> [THE PROBLEM]
Below are the records; copy each line in which "PLACE" can be found.

________________

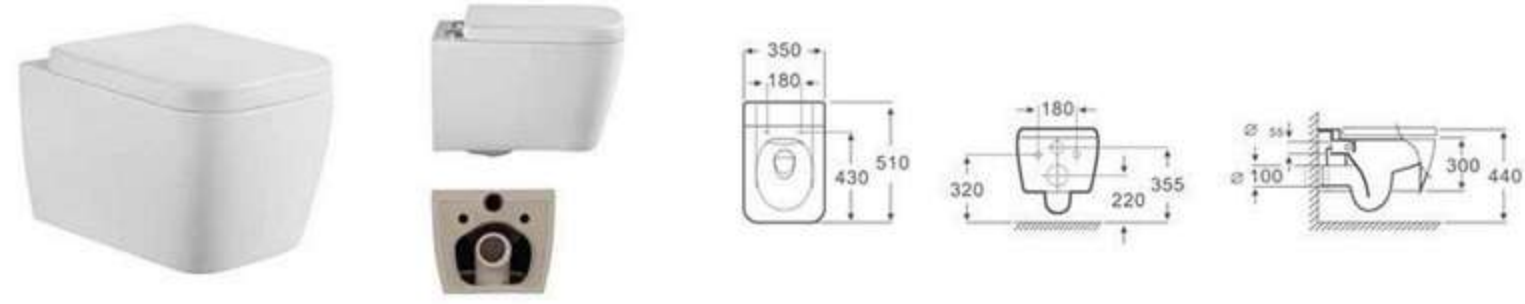

Model	Product Name	Size	P-trap
MP-148	Washdown wall-hung toilet	510x350x300mm	180mm
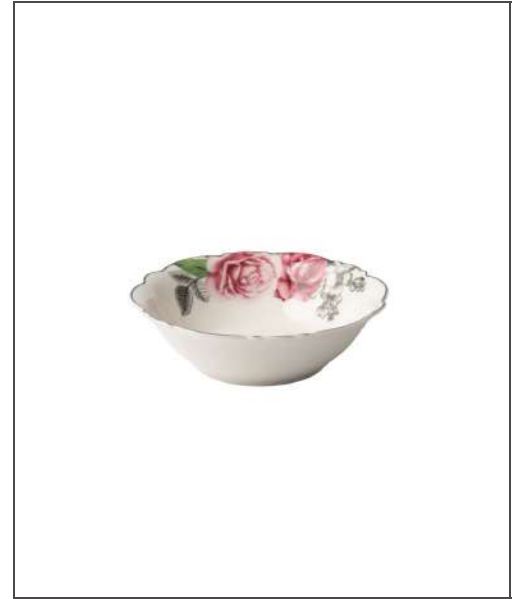

JENNA CLIFFORD - Wavy Rose Cereal Bowl

JC-7049

L:17cm x W:17cm x H:5cm
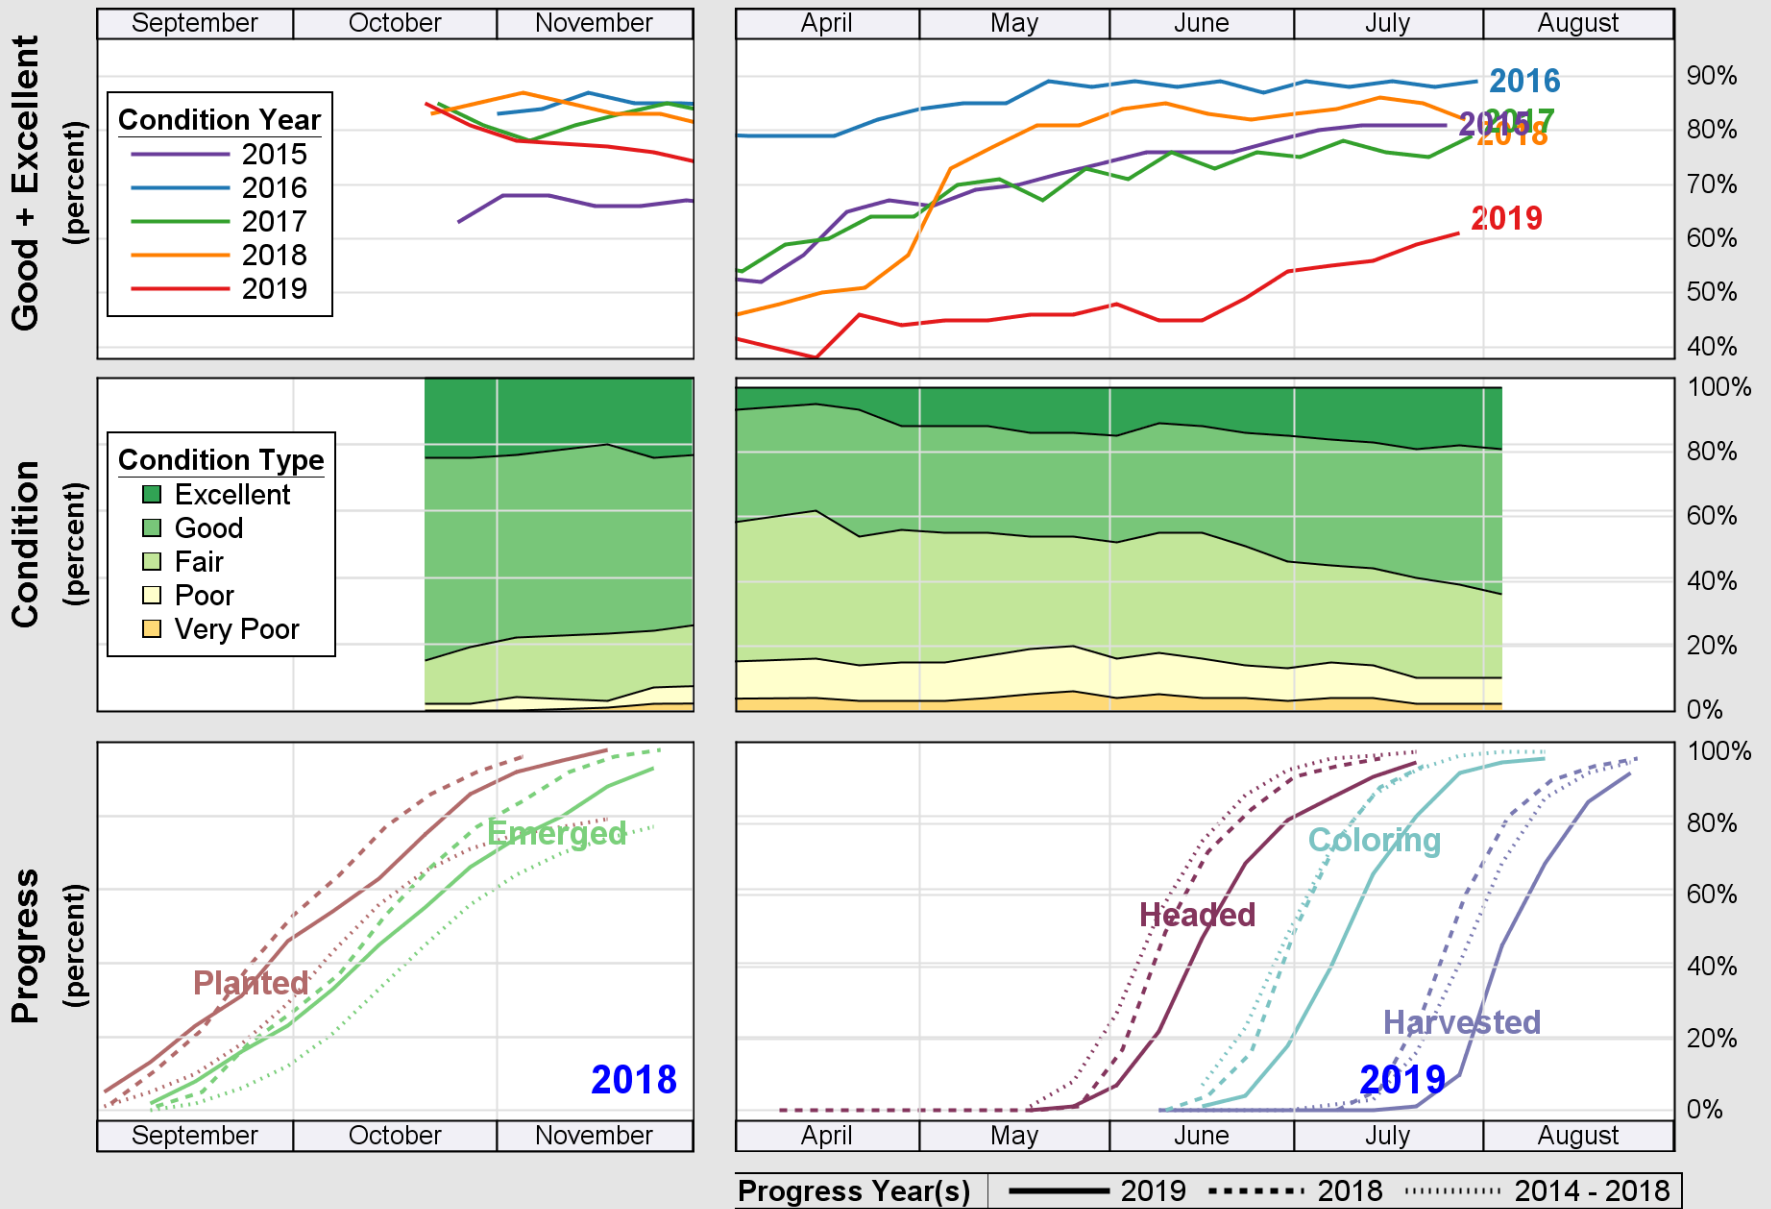

USDA

Crop Progress and Condition: Corn in Wisconsin , 2019

NASS

Source: National Agricultural Statistics Service (NASS), Crop Progress Report

Source: National Agricultural Statistics Service (NASS), Crop Progress Report

USDA

Crop Progress and Condition: Pasture and Range in Wisconsin , 2019

NASS

Source: National Agricultural Statistics Service (NASS), Crop Progress Report

Source: National Agricultural Statistics Service (NASS), Crop Progress Report

USDA

Crop Progress and Condition: Winter Wheat in Wisconsin , 2019

NASS

Source: National Agricultural Statistics Service (NASS), Crop Progress Report
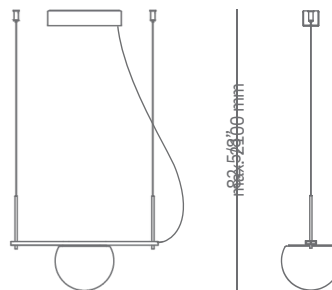

Lamp facing down
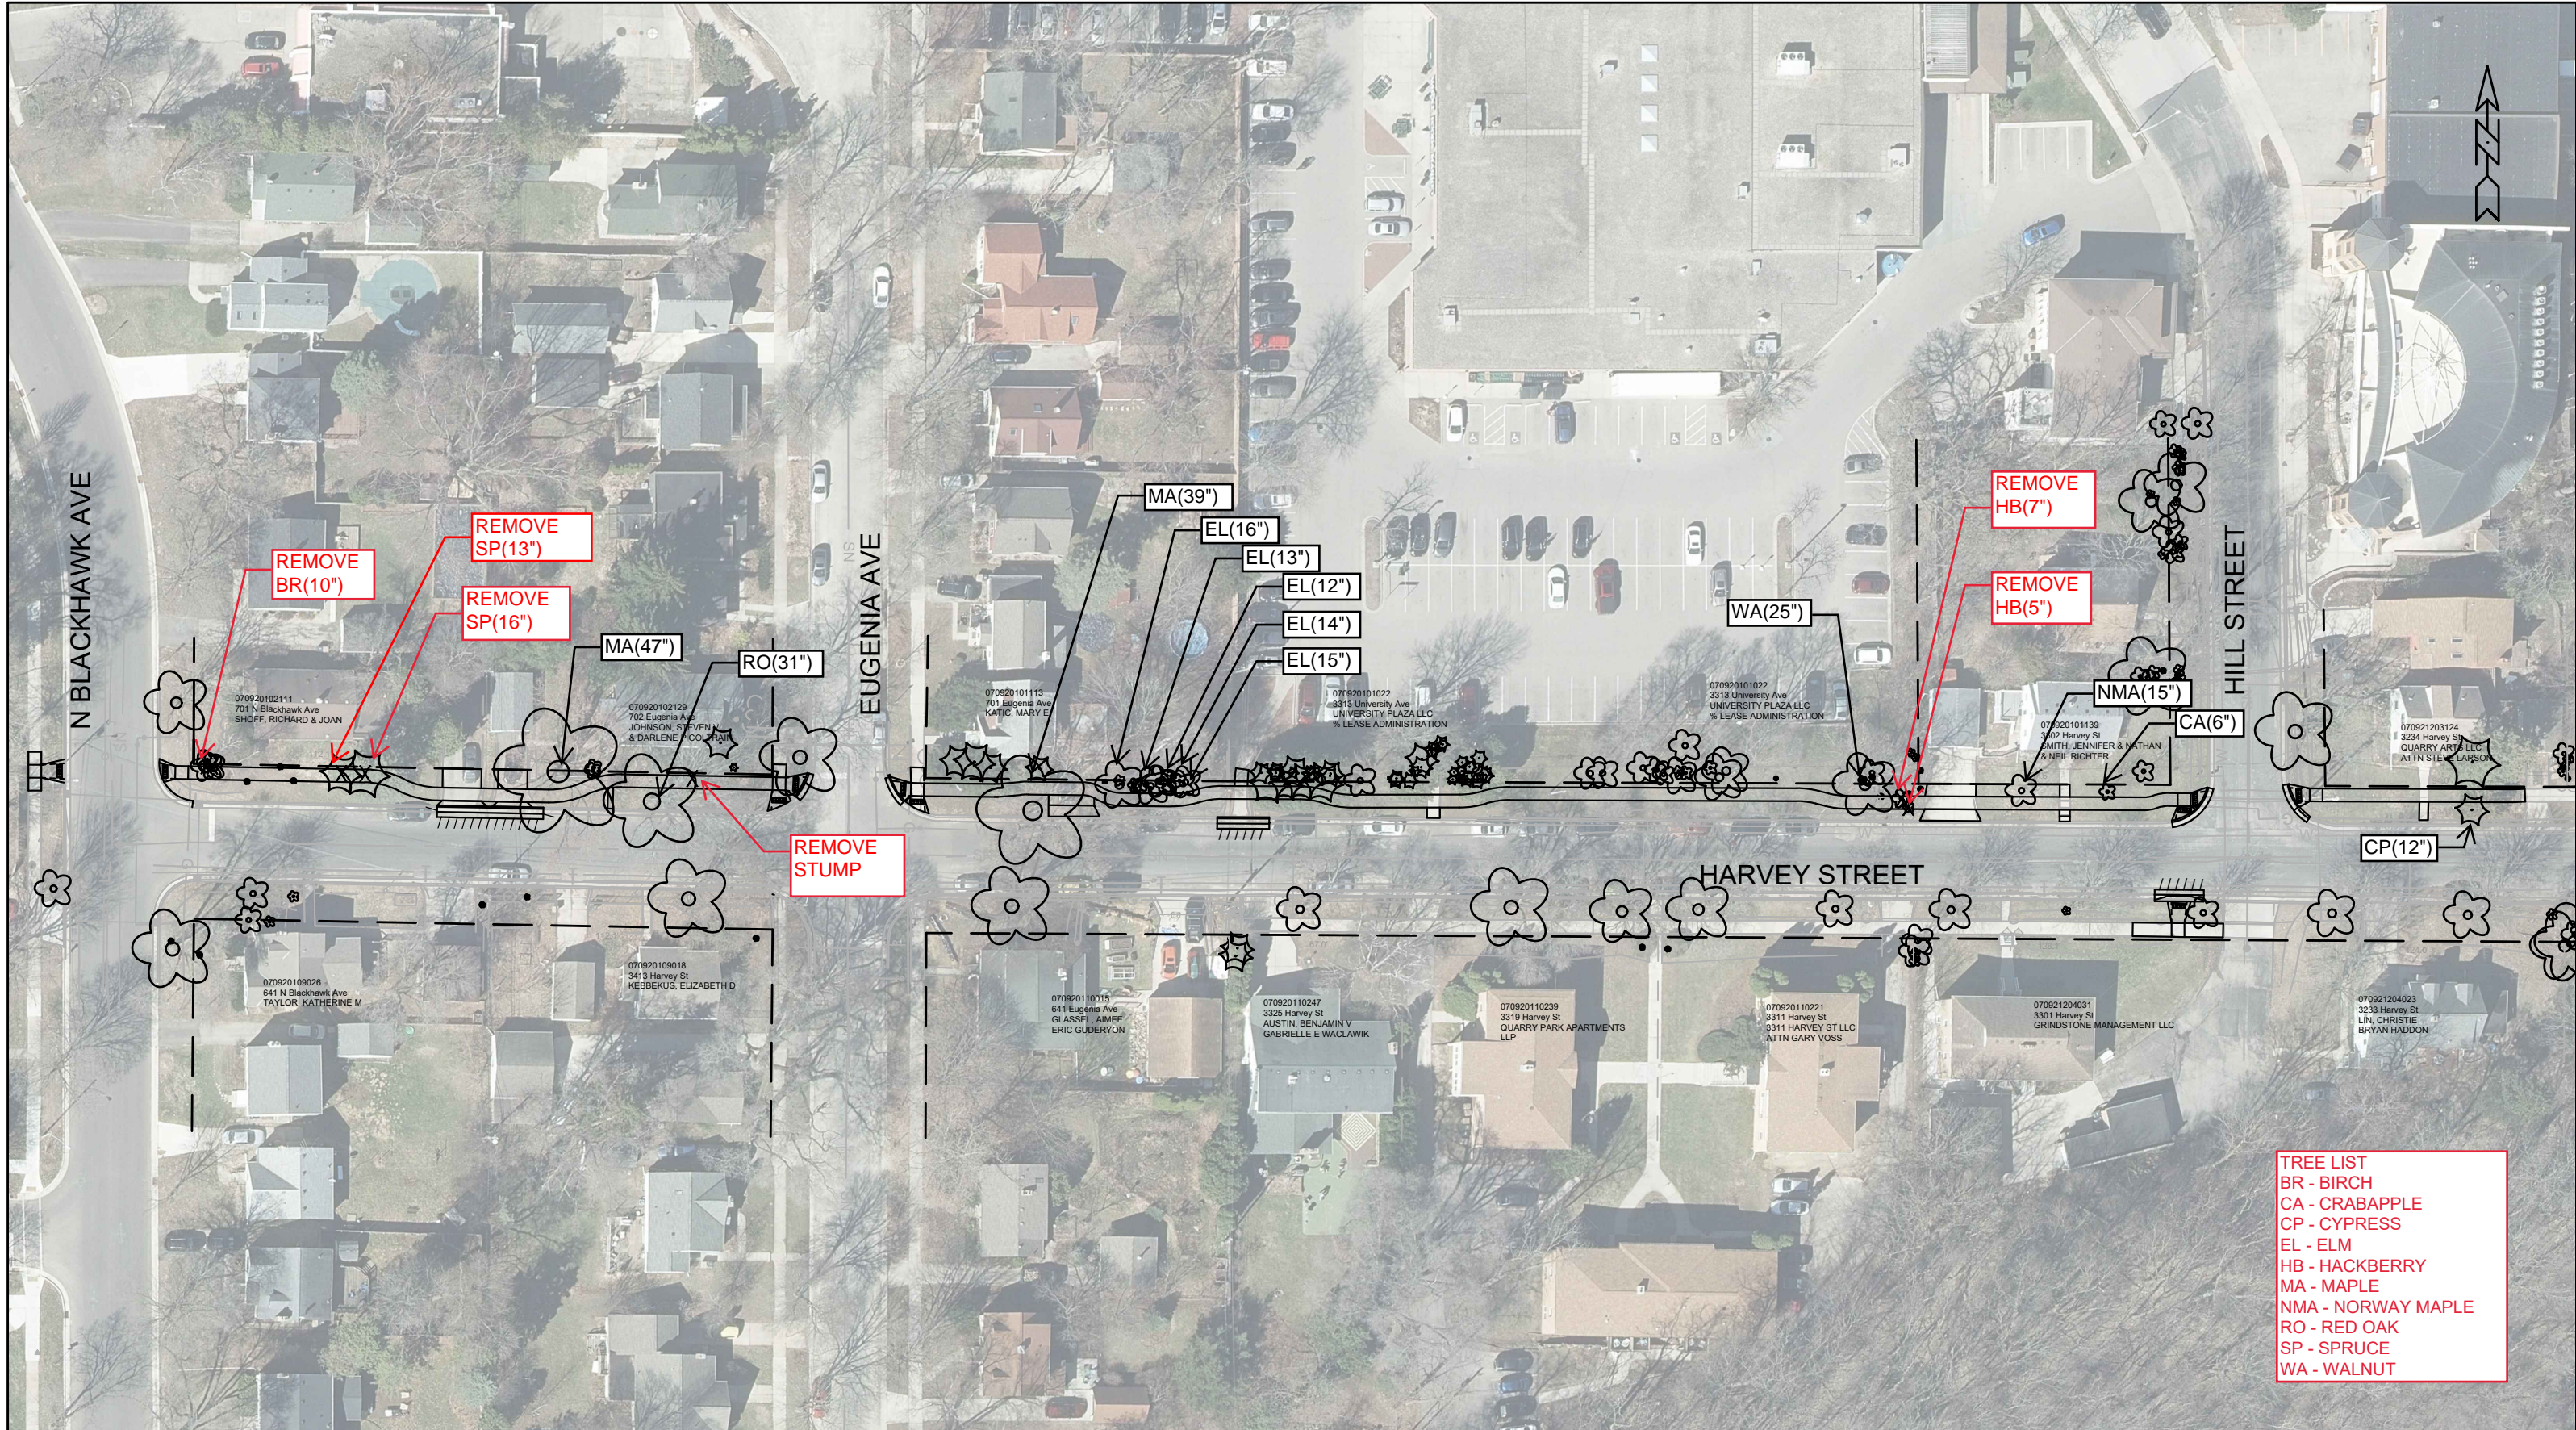

# SCHMITT PLACE AND HARVEY STREET RECONSTRUCTION (PROJECT OVERVIEW)

# SCHMITT PLACE AND HARVEY STREET RECONSTRUCTION (WEST)

- TREE LIST**
- BR - BIRCH
  - CA - CRABAPPLE
  - CP - CYPRESS
  - EL - ELM
  - HB - HACKBERRY
  - MA - MAPLE
  - NMA - NORWAY MAPLE
  - RO - RED OAK
  - SP - SPRUCE
  - WA - WALNUT

________________

> [COMPLETED EXERCISE]
# SCHMITT PLACE AND HARVEY STREET RECONSTRUCTION (PROJECT OVERVIEW)
# SCHMITT PLACE AND HARVEY STREET RECONSTRUCTION (WEST)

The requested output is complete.